Per C.D. 3530-02, the selling agent for the imported goods has sufficient financial interest in those goods to meet the “owner or purchaser of the merchandise” definition for purposes of § 1484. It is evident from HRLs 115260 and 115914 that the nature of a selling agent’s relationship to the goods indicates that a selling agent’s financial or commercial welfare is linked to the imported goods. Further, even if the U.S. Sub’s obligations to the Parent did not rise to the level of selling agent, its commitments constituted a financial interest in the goods well beyond that of a Kwikset’s interest as custodian of Baldwin, Price and Weiser’s in the warehouse. Clearly, because the U.S. Sub earned commission from the sale of the Parent’s goods, the Sub benefited financially from its arrangement with the Parent, thus constituting a financial interest. There is no evidence that Kwikset’s financial or commercial welfare is linked to the goods admitted to the FTZ by the other companies. Kwikset does not benefit financially from the goods stored in the warehouse or has any interest in the goods other than that of custodian.

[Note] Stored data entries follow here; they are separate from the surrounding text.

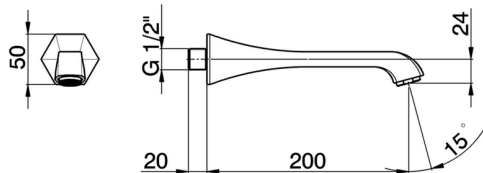

Filler spout **CHERIE_CE000240**

MODEL **CE000240**

Filler spout, L.200 mm, 1/2" M connection

AVAILABLE FINISHINGS

-  **21** 21 Chrome
-  **24** 24 Gold
-  **2B** 2B Polished Nickel
-  **2P** 2P Rose Gold

CHARACTERISTICS

Filler spout CHERIE_CE000240

cisal

CE 00024 0

NR	DESCRIZIONE DESCRIPTION DESCRIPTION BESCREIBUNG DESCRIPCIÓN	N.CODICE NR.CODE CODE NO. WERSKNR. N.CÓDIGO	NR	DESCRIZIONE DESCRIPTION DESCRIPTION BESCREIBUNG DESCRIPCIÓN	N.CODICE NR.CODE CODE NO. WERSKNR. N.CÓDIGO	NR	DESCRIZIONE DESCRIPTION DESCRIPTION BESCREIBUNG DESCRIPCIÓN	N.CODICE NR.CODE CODE NO. WERSKNR. N.CÓDIGO
	Attacco per bocca incasso Raccord pour bec à encastrer							
1	Connection for built-in spout Anschluss fuer UP Auslauf Conexión para caño para empotrar	ZZ933550						
2	Grano punta plana inox Vis speciale inox M.6x6 Madenschraube M6x6 Clavija con punta plana acero inoxidable	ZZ946430						
3	Aeratore M.24x1 IC Mousseur M.24x1 IC Perlator M.24x1 IC Aireador M.24x1 IC	ZZ949660						
3-1	Cartuccia per aeratore M.24x1 Cartouche pour mousseur M.24x1 Mousseur cartridge M.24x1 Kartusche fuer Perlator M.24x1 Cartucho para aireador M.24x1	ZZ927260						
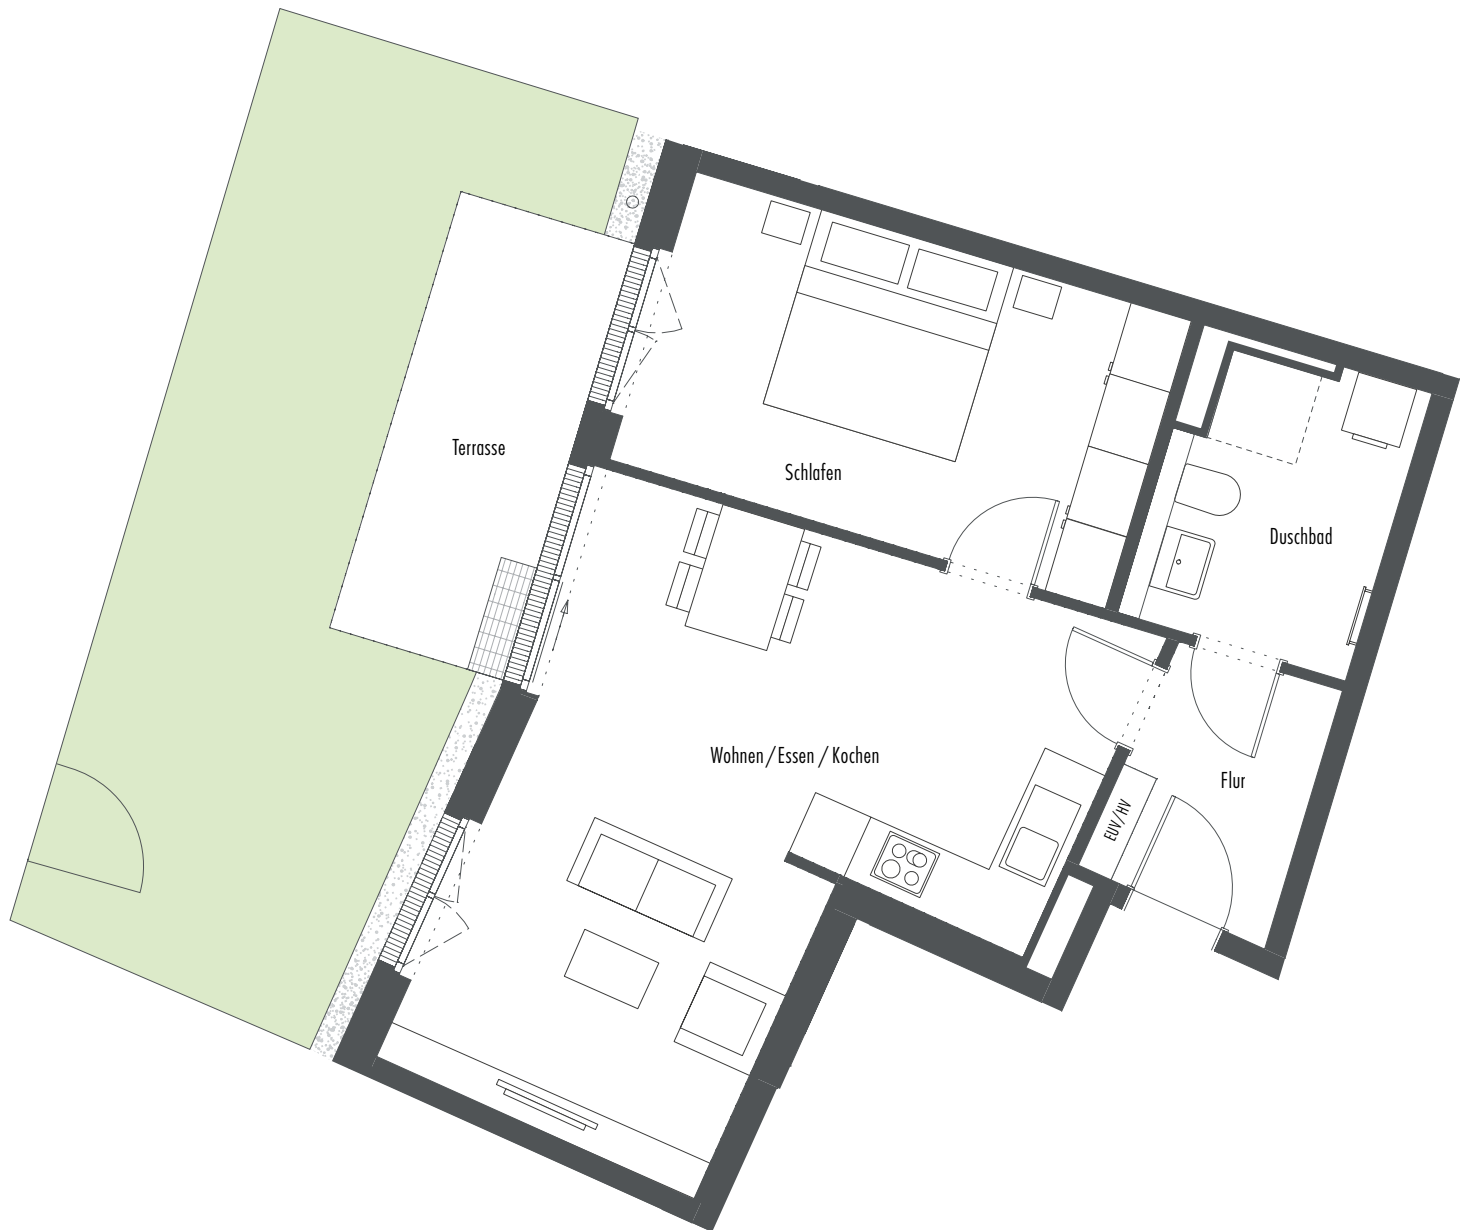

WOHNUNG 6.0.2

Haus 6 | EG | 2 Zimmer
59,41 m² Wohnfläche | 63,48 m² Nutzfläche

Wohnung 6.0.2	Wfl.	nb. Fl.
Wohnen/Essen/Kochen	29,42 m ²	29,42 m ²
Schlafen	15,26 m ²	15,26 m ²
Flur	4,32 m ²	4,32 m ²
Duschbad	6,34 m ²	6,34 m ²
Terrasse (1/2)	4,07 m ²	8,14 m ²
Gesamt	59,41 m²	63,48 m²
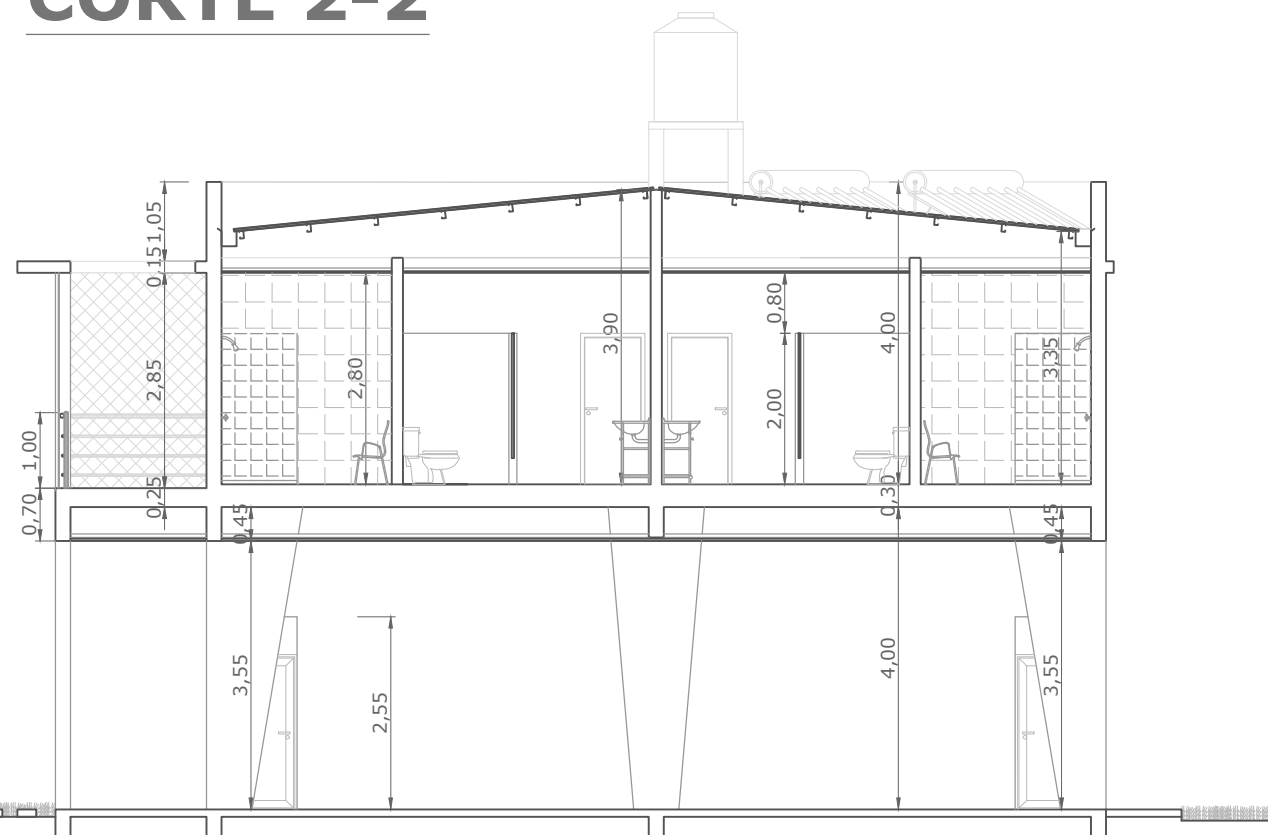

CORTE 1-1

CORTE 3-3

CORTE 2-2

CORTE 4-4

FACHADA

SECRETARÍA DE SERVICIOS PÚBLICOS
VESTUARIOS Y BAÑOS EN EL PREDIO
"CAMPITO YAPEYÚ"

MUNICIPALIDAD DE CRESCO - ENTRE RÍOS

PLANO TIPO

ESCALA
1:100
1:50

VISTA - CORTES

FIRMA / SELLO
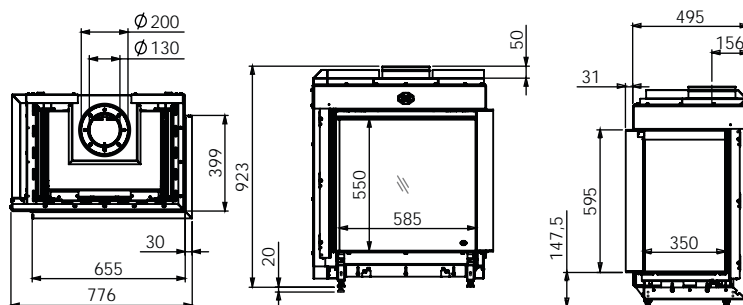

Артикул	1064399	1064402	1064405	1064408
Цвет	Черная гладкая	Черная гладкая + Clear View	Ceraglas	Ceraglas+ Clear View
Цена	7 108 €	7 888 €	7 449 €	8 230 €

	Артикул	Цена, €
Набор керамических дров «Дуб»		в комплекте
Ревизионная дверка	1021226	в комплекте
Газовая арматура и приемник для сигнала пульта ДУ		в комплекте
Контроллер RCH		в комплекте
Набор ножек, 4шт. (25x25x490 мм)	1012238	99
Модуль связи для WiFi	1030275	319
Очиститель антибликового стекла Clear View	1046783	51
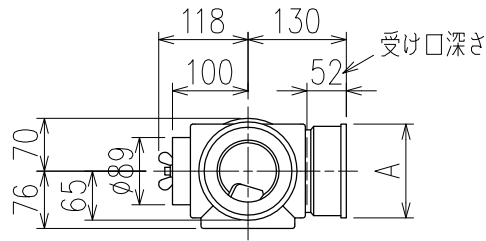

単位:mm

	横枝管サイズ		
	50 (1)	65 (2)	75 (3)
A寸法	94	110	124
B寸法	44	52	59

両受けスタイル (W)

枝管バリエーション

(特)：特注品。大便器の接続が無いことを確認した場合のみ製作。

※ 掃除口 (CO) の正面にはメンテナンススペース (参考値：80mm以上) を確保してください。

図名	3SL-CO-Aタイプ 両受けスタイル 3SL-CO-A_OP-W	図番	3SL-1003-002 
株式会社クボタケミックス		年月日	2016.5.1 S
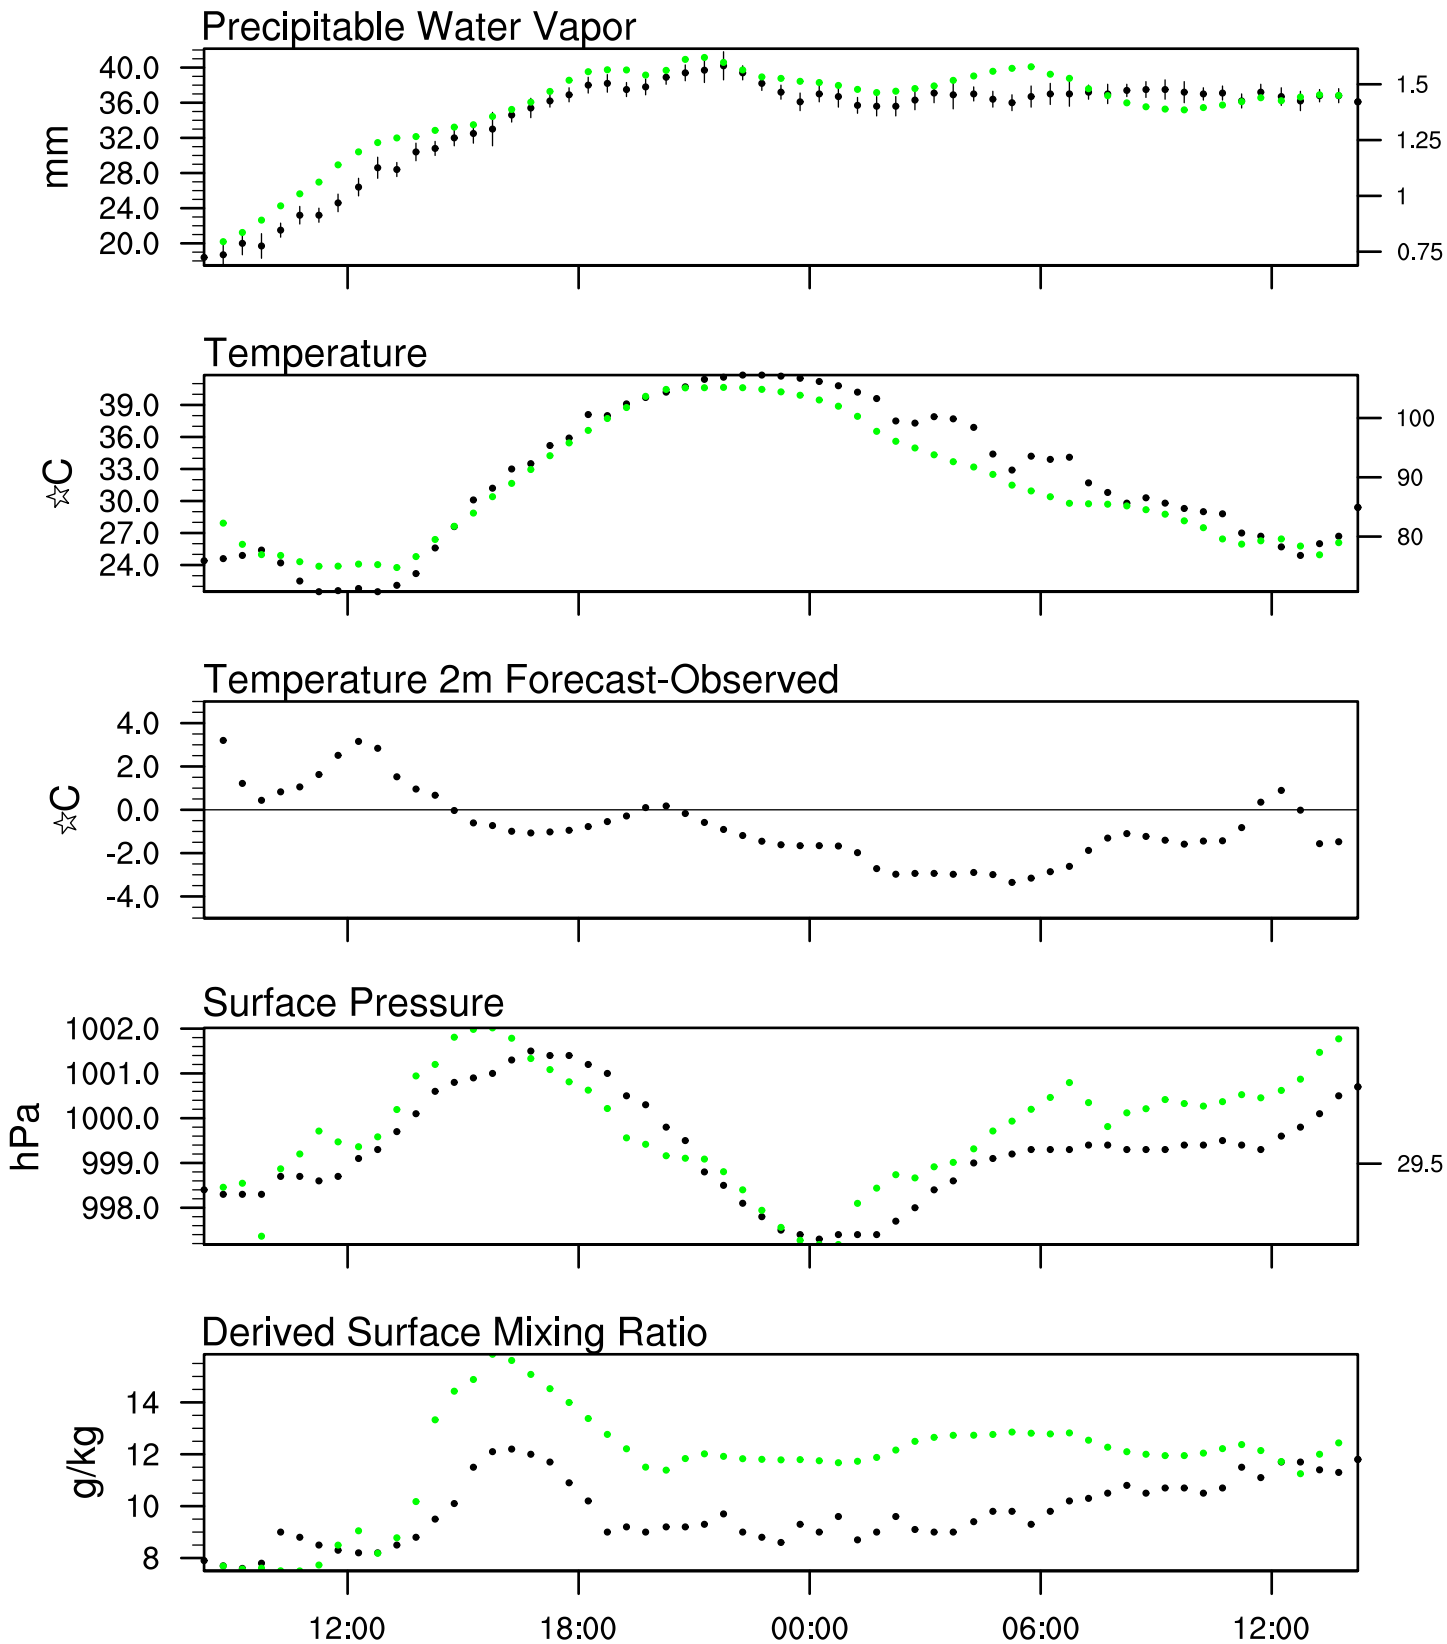

Roll, AZ

24 Aug 2021 8:45 UTC - 25 Aug 2021 14:15 UTC

Roll, AZ 24Aug 2021 8Z

Plcl=765 Tlcl[C]=5 Shox=8 Pwat[cm]=2 Cape[J]= 0

Roll, AZ 24Aug 2021 14Z

Plcl=895 Tlcl[C]=18 Shox=3 Pwat[cm]=3 Cape[J]= 308

Roll, AZ 24Aug 2021 20Z

Plcl=726 Tlcl[C]=11 Shox=0 Pwat[cm]=4 Cape[J]= 2024

Roll, AZ 25Aug 2021 2Z

Plcl=777 Tlcl[C]=13 Shox=0 Pwat[cm]=4 Cape[J]= 938

Roll, AZ 25Aug 2021 8Z

Plcl=829 Tlcl[C]=14 Shox=0 Pwat[cm]=4 Cape[J]= 45
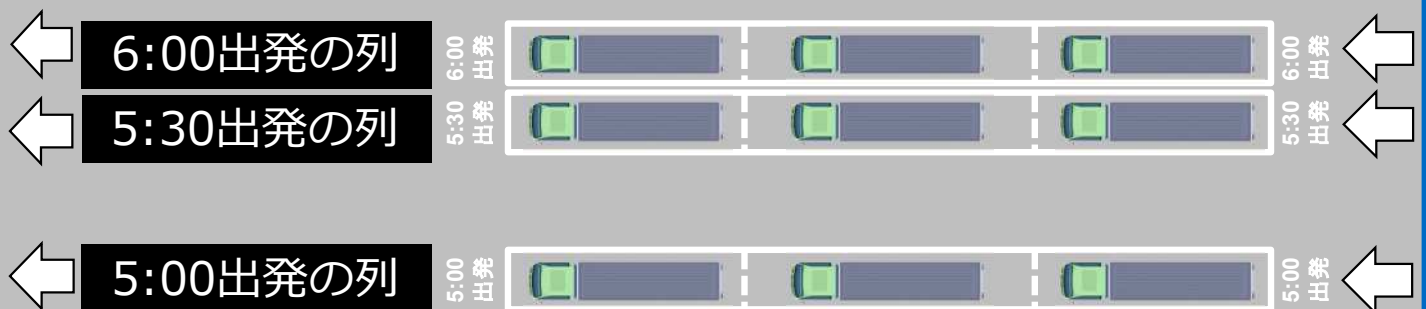

E2A 中国道 鹿野SA (下り)

出発時間指定!

大型車3列駐車マス

試行運用中

【3列駐車マスのご利用方法】

① 出発時間に合わせて、**前から詰めて駐車**してください。

※特大車・トレーラーの方は、通常駐車マスエリアのトレーラー用スペースへの駐車をお願いいたします。

② 定刻になりましたら、**前の車両から順に出発**してください。
(5:00 出発の例)

【お願い】

- **5:00 出発、5:30 出発、6:00 出発**をご予定されている方のみご利用ください。それ以外の時間帯に出発される方は、通常の大形マスのご利用をお願いします。
- ご予定が変わり定刻前に出発されたい場合は、**前の車両の方へお声がけ**ください。

鹿野SA (下り)

皆さまのご理解・ご協力をお願いいたします。

©NEXCO西日本お客さまセンター(年中無休・24時間)

0120-924863 (クルマでおでかけ24時間ハローさん)
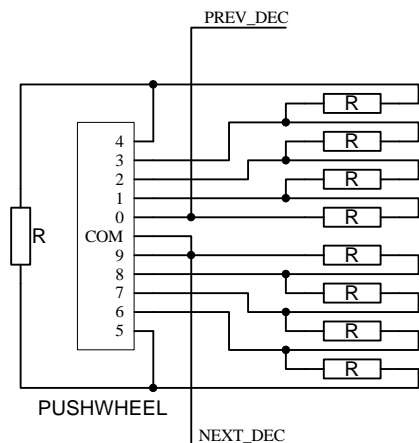

7 x

Bill of Material for ResDecade.Sch

Used	Part Type	Designator	Description	Source
9	1	R1 -R9	Ellenallas	0.6W 1%
9	10	R10-R18	Ellenallas	0.6W 1%
9	100	R19-R27	Ellenallas	0.6W 1%
9	1k	R28-R36	Ellenallas	0.6W 1%
9	10k	R37-R45	Ellenallas	0.6W 1%
9	100k	R46-R54	Ellenallas	0.6W 1%
9	1M	R55-R63	Ellenallas	0.6W 1%
7	KM1	K1-K7	PUSHWHEEL SW	EBAY 360520586205 10 Positions Thumbwheel KM1 0-9
1	-	J5	Bananhuvely	LOMEX 43-13-26 BS-3-BK 13x34xM4 FEKETE
1	-	J5	Bananhuvely	LOMEX 43-12-09 BS-3-R 13x35xM4 PIROS
1	-	-	Doboz	LOMEX 47-01-27 P62 MUSZERDOBOZ 101x 54x 43 G1032B
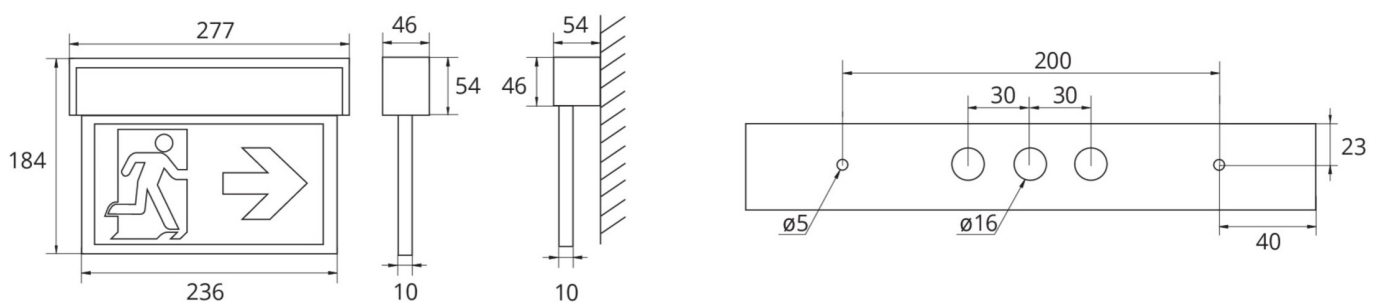

Inngangsspenning DC	- V
Maks effekt.	5,3 W
Ytelse DS	3,9 W
Ytelse BS	1,5 W
Omgivelsestemperatur DS	-5 °C to 40 °C
Omgivelsestemperatur BS	-5 °C to 40 °C
dybde	54 mm
Bredde	277 mm
Høyde	184 mm
Vekt	0.86
Vekt inkludert emballasje	1.03
Tverrsnitt for tilkobling	2.5 mm²
Koblingsinngang	Ja
Blokkering av nødlys	Nei
Batteritilkobling	Støpsel
Dimmefunksjon	Nei
Lysstrømnettverk	190 lm
Lysstrøm nødsituasjon	190 lm
Tolltariffnummer	94056180
GTIN	4262483020142

TEKNISK TEGNING
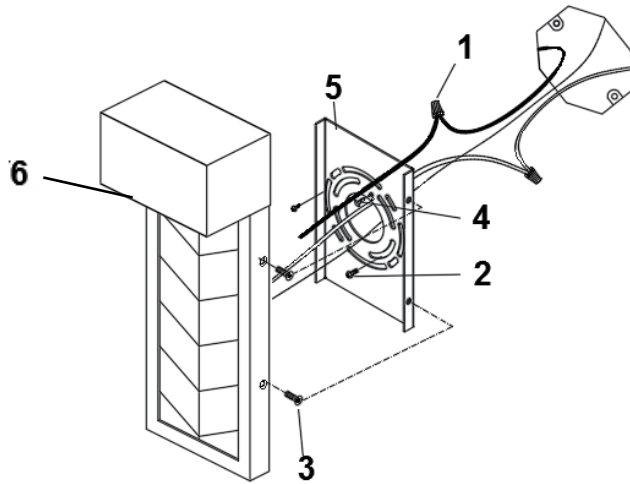

Exterior Wall Lantern

EL6100CHBRLED

No.	Part Name	Spanish	French	Part No.
1	Wire Connectors (3pcs)	Conectores de cable	Capuchons de connexion	PHSPGHDWR8WTY
2	Outlet Box Screws (2pcs)	Tornillos de la caja eléctrica	Vis de la boîte à prises	
3	CHBR Mounting Screws (4pcs)	CHBR Tornillos de montaje	CHBR Vis de montage	
4	Ground Screw (1pc)	Tornillo a tierra	Vis de borne de terre	
5	Mounting plate (1pc)	Placa de montaje	Plaque de montage	
6	Glass panel(1pc)	Panel de vidrio	Panneau en verre	PHSPGGLS15WTY

Exterior Wall Lantern

EL6101CHBRLED

No.	Part Name	Spanish	French	Part No.
1	Wire Connectors (3pcs)	Conectores de cable	Capuchons de connexion	PHSPGHDWR9WTY
2	Outlet Box Screws (2pcs)	Tornillos de la caja eléctrica	Vis de la boîte à prises	
3	CHBR Mounting Screws (4pcs)	CHBR Tornillos de montaje	CHBR Vis de montage	
4	Ground Screw (1pc)	Tornillo a tierra	Vis de borne de terre	
5	Mounting plate (1pc)	Placa de montaje	Plaque de montage	
6	Glass panel (1pc)	Panel de vidrio	Panneau en verre	PHSPGGLS16WTY

HRL 115805 (1/7/2003) CBP concluded that one of four partners (the Partner) in a joint venture had sufficient financial interest in imported goods purchased by the joint venture to act as importer of record for merchandise necessary for a satellite launch service including rocket components, propellants and spare parts. In that ruling four companies joined together to form a joint venture to provide satellite launch services. It is evident that the Partner had significant financial interest in the imported merchandise. In addition to providing personnel, the Partner’s involvement in the joint venture extended to the entire range of the joint venture’s activities. Its responsibilities included planning, integrating, and performing the pre-launch, launch and post launch procedures required to assemble, test, transport and launch satellites on a rocket.

The Partner joined the payload with the integrated rocket sections and working with other partners, was responsible for joining the encapsulated payload to the integrated launch vehicle. The Partner operated and maintained the communications, telemetry, mission information displays, and spacecraft air conditioning systems necessary for launch and had a significant number of personnel assigned to the launch vehicle integration and mission activities. Further, the Partner was the guarantor of a significant loan taken by the joint venture and retained a lien against all of the joint venture’s assets. In addition, a Technical Services Agreement, which defined the Partner’s responsibilities with regard to the joint venture operations, required the Partner to serve as consignee for certain importations. The Partner also was holder of all the necessary Office of Defense Trade Controls licenses and that Office required that the Partner remain responsible for the control of all munitions list items.

The financial interest in the imported goods demonstrated by the importing partner in HRL 115805 go beyond any interest Kwikset has in the goods in the FTZ. The joint venture’s commercial purpose was to assemble, test, transport and launch satellites on a rocket. The imported goods were parts of the satellite launching rocket. Since the importing partner was a part owner of the joint venture, invested resources in the enterprise and guaranteed a loan for the joint venture, it is clear that the importing partner’s financial interests were served by the success of the joint venture. The success of the joint venture in turn was served by the importation of the necessary rocket components, propellants and spare parts. Consequently, it is clear that the importing partner could be said to have had a financial interest in this merchandise. Again, there is no evidence that Kwikset’s financial welfare or commercial interests are linked sufficiently to the goods admitted to the FTZ by the other three companies to conclude that Kwikset has a financial interest sufficient to consider it an “owner or purchaser” of that merchandise.

HOLDING:

For purposes of direct delivery procedures Kwikset, the FTZ operator, is not the owner or purchaser of the goods admitted to the FTZ by Weiser, Price or Baldwin and may not utilize the direct delivery procedures for goods of which Weiser, Price or Baldwin and not Kwikset, is the owner or purchaser.